Early in Jacques Rivette’s Love on the Ground three actors—Charlotte (Geraldine Chaplin), Emily (Jane Birkin), and Silvano (Facundo Bo)—stage a bedroom farce inside a Paris apartment about a man attempting to hide his two lovers from one another. Though performing for an audience, Charlotte and Emily find that they’re inadvertently auditioning for the play’s author, Clément Roquemaure (Jean-Pierre Kalfon), who offers them roles in his latest drama, which is based on his real life and the romantic entanglements that consumed it.
Upon arriving at the man’s chateau, where the play is to be rehearsed and performed, Charlotte and Emily find the place filled with brightly colored rooms and dense décor, as well as the presence not only of Clément but his friend and possible romantic rival, a magician named Paul (André Dussollier). The vaguely mystical nature of Clément’s manse and the role-playing that Charlotte and Emily engage in naturally invites comparison to Rivette’s own Celine and Julie Go Boating. But where that metatextual masterpiece foregrounded its main characters’ assertion of their control over a narrative into which they’ve been dropped, Love on the Ground reasserts the primacy of the auteur that Rivette’s films had previously undermined.
Clément carefully directs his actresses, and soon Charlotte and Emily begin to behave less as independent human beings than vessels for the playwright’s hang-ups and unresolved longing. Rivette matches this narrative focus on male-centric, egotistical auteurism with a formalism that’s more classical in nature than the shaggy, almost unpredictable aesthetic that defines his improv-heavy ’70s films. The coarse 16mm images of many of those works have been replaced with lush 35mm images shot on cameras that remain mounted on tripods, cranes, and carts.
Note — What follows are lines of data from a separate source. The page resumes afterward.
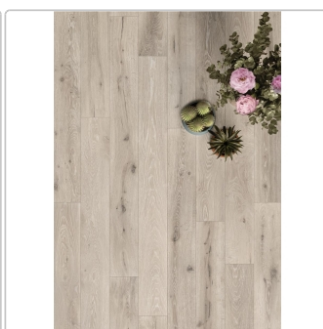

# Keope Unica Grey Boden- und Wandfliese Natural (R9) 20x180 cm

Art-Nr.: JOE6 / GTIN: 788845933508 / Marke: [Keope](#)

**72,95EUR** / m<sup>2</sup>

Grundpreis: 131,31EUR / Paket  
inkl. 19% USt. zzgl. Versand

## Produktinformation

Art:	Boden- und Wandfliese
Farbe:	Unica Grey
Farbspiel:	V3 - hohe Variation
Frostbeständig:	ja
Gewicht:	21,11 kg/m <sup>2</sup>
Kalibriert:	ja
Material:	Feinsteinzeug
Materialstärke:	9,5 mm
Nennmass:	20x180 cm
Oberfläche:	Natural (R9)
Optik:	Holzoptik
Rutschhemmung:	R9
Serie:	Unica
Sortierung:	1. Sortierung
Stück je Paket:	5
Stück je Palette:	200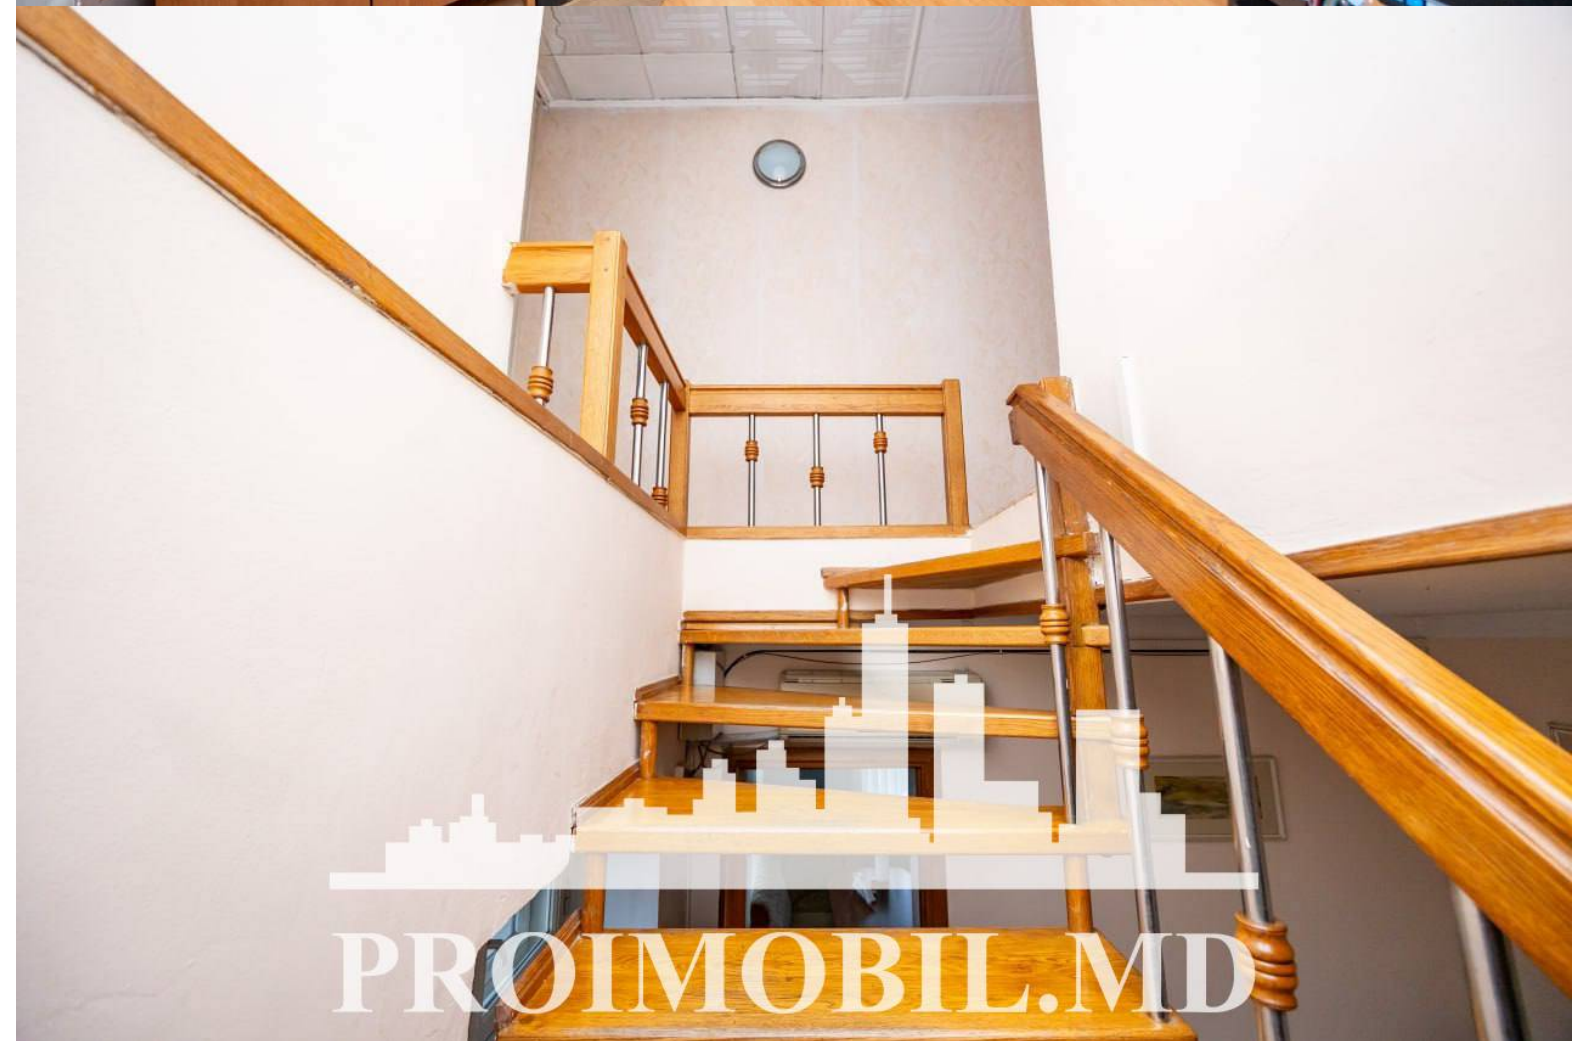

PROIMOBIL.MD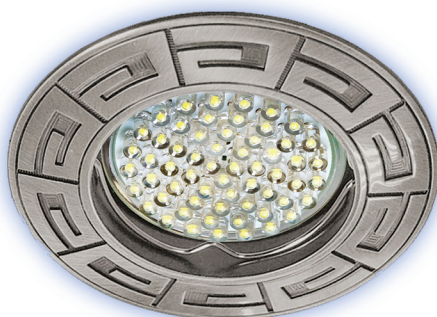

Луните за вграждане в окачен таван DT09 и DS09 са отливки с декоративен Версаче елемент. Предлагат се в комплект с фасунга тип 5023/015/SIL – универсална фасунга за лампи с цокъл G4, G5.3 и G6.35. Луните са предназначени за лампи тип MR-16, max 50W, но са съвместими и с лампи тип JDR GU10.

Downlights model DT09 and DS09 are alloy with decorative Versace detail. The set includes also a lampholder 5023/015/SIL which is universal for bases G4, G5.3 and G6.35. The downlights are compatible with lamps MR-16, max 50W but lamp JDR GU10 could also be used.

CT DT09 SN

CT DT09 AB

CT DS09 SN

CT DS09 AB

Kanlux

CT DT09 Насочващи от алуминий

АРТИКУЛ	ЦВЯТ	КОД ЗАЯВКА
Art	Color	Order code
CT DT09 SN	SATIN NICKEL	002659
CT DT09 AB	ANTIC BRASS	002450

CT DS09 Стационарни от алуминий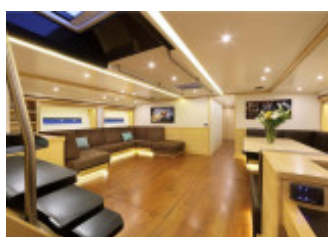

Wally 107

Seil, Bruktyacht, ES Palma de Mallorca

€ 6.900.000,-

EU-skatt betalt - nei, Moms er inkludert

Detaljer

Byggeår: 2012
Sjøsatt første gang: 0
Lengde: 32,55 m
Bredde: 7,20 m m
Dyptgående: m
Motorantall: 1
WC-rom/dusjrom: 0

The film’s images are composed with a geometrical precision, with William Lubtchansky’s camera gliding alongside Charlotte and Emily as they amble around their environments, all the while emphasizing their sense of entrapment within florid chambers. Love on the Ground deliberately lacks the spontaneity and sense of visual discovery that defines Celine and Julie Go Boating, instead drawing its energy from its exacting compositions and how they seem to slowly shrink the space around its female figures (Chaplin and Birkin as much as Charlotte and Emily), and to the point that the film comes to feel gripped by a kind of Buñuelian madness.
That same formal rigor, though, also calls attention to this nearly three-hour film’s many longueurs, which not only feel longer than the ones that fill earlier Rivette films of equal or greater length but also want for more surprises. Charlotte and Emily increasingly feel the stress of realizing Clément’s vision and grow more aggressive as a result, but the film’s narrative stakes lack for a corresponding sense of escalation. Perhaps inevitably, Love on the Ground feels stuck in a loop—at least until its final hour, when things pick up as the women start to inhabit their roles to such a volatile extent that they start to experience visions. This prefigures a climactic performance that erases the borders between the play’s artificiality and the reality on which it’s based, reaffirming Rivette’s belief in cinema stretching the traditional limits of theater.
Image/Sound
The saturated colors of the film’s decorous interiors look resplendent on Cohen Media Group’s disc, especially when contrasted with the more muted colors of the characters’ clothing. Exterior scenes highlight the verdant shades of well-tended gardens and the slight day-for-night blues of the color grading. Detail is consistently clear and no print damage is visible. The lossless stereo is similarly clean, evenly distributing the clean and clear dialogue across all channels.
Extras
Cohen’s disc comes with a commentary track by critic and programmer Richard Peña, who extensively breaks down the film’s aesthetic choices and themes.
Overall
Jacques Rivette’s beguiling, minor-key manor mystery receives a solid Blu-ray from Cohen.